▸ **Task instructions**
When you copy the entries, keep every word exactly as it is and drop the images.

▸ **Information supplied**
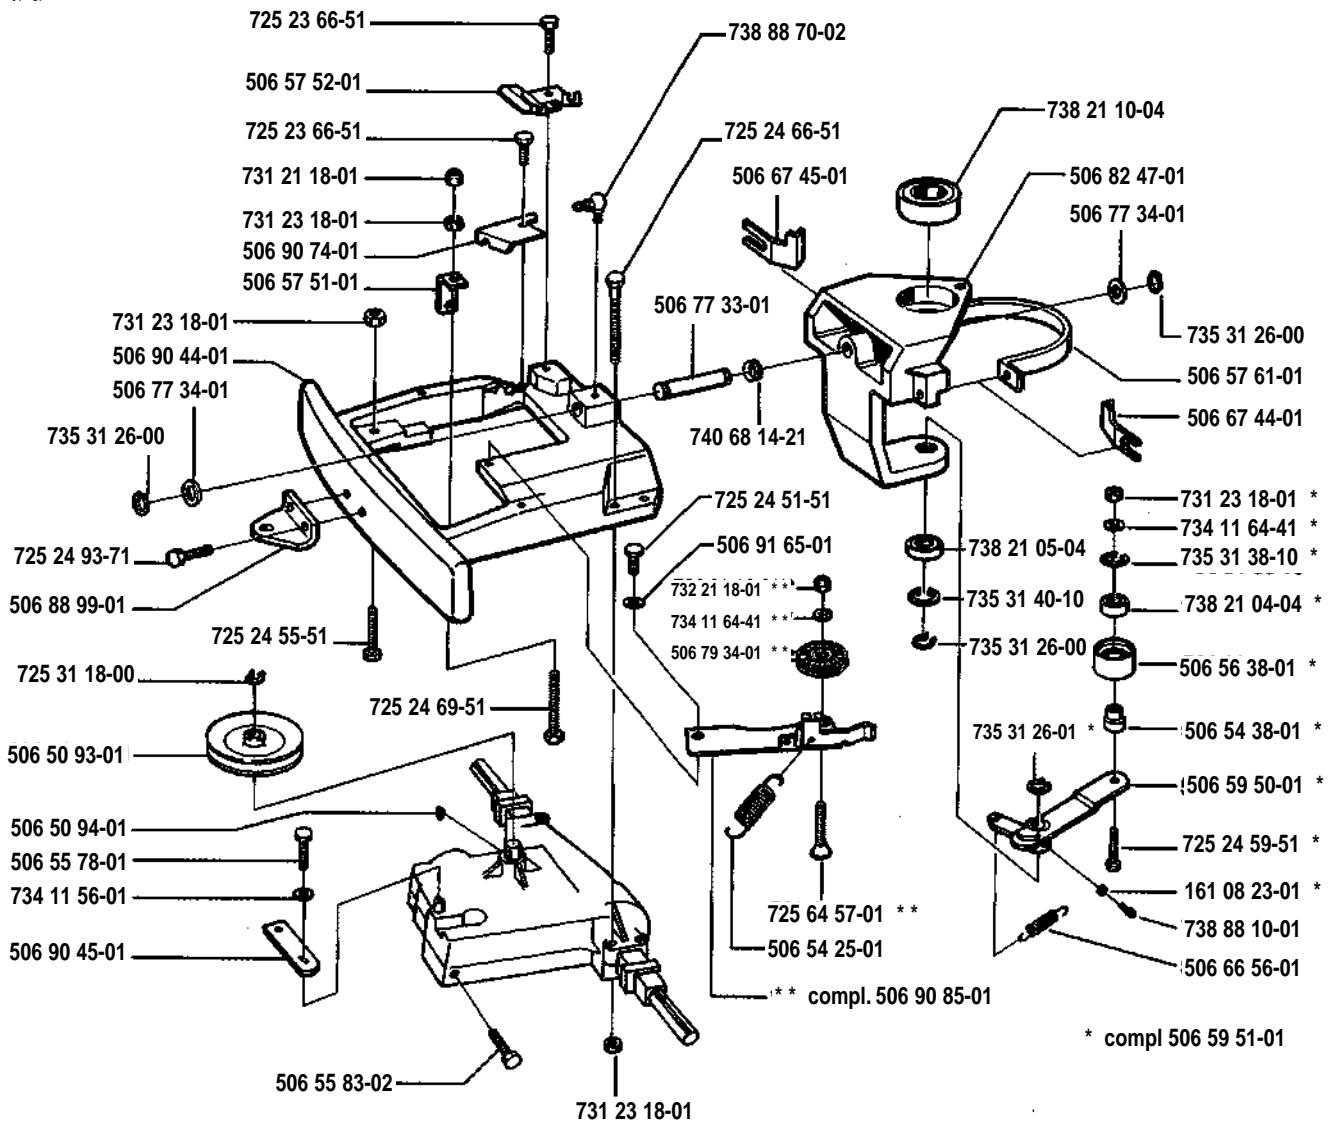

Rider

970-12/12S/12,5K

1.1994

Spare parts

Ersatzteile

Pièces détachées

Reserve onderdelen

Repuestos

A

B

C

D

E**F**

G

(12,5) = 12,5 hp Kawasaki
(12) = 12 hp B & S

H

▸ **Response area**
Rider

970-12/12S/12,5K

1.1994

Spare parts

Ersatzteile

Pièces détachées

Reserve onderdelen

Repuestos

A

B

C

D

E**F**

G

(12,5) = 12,5 hp Kawasaki
(12) = 12 hp B & S

H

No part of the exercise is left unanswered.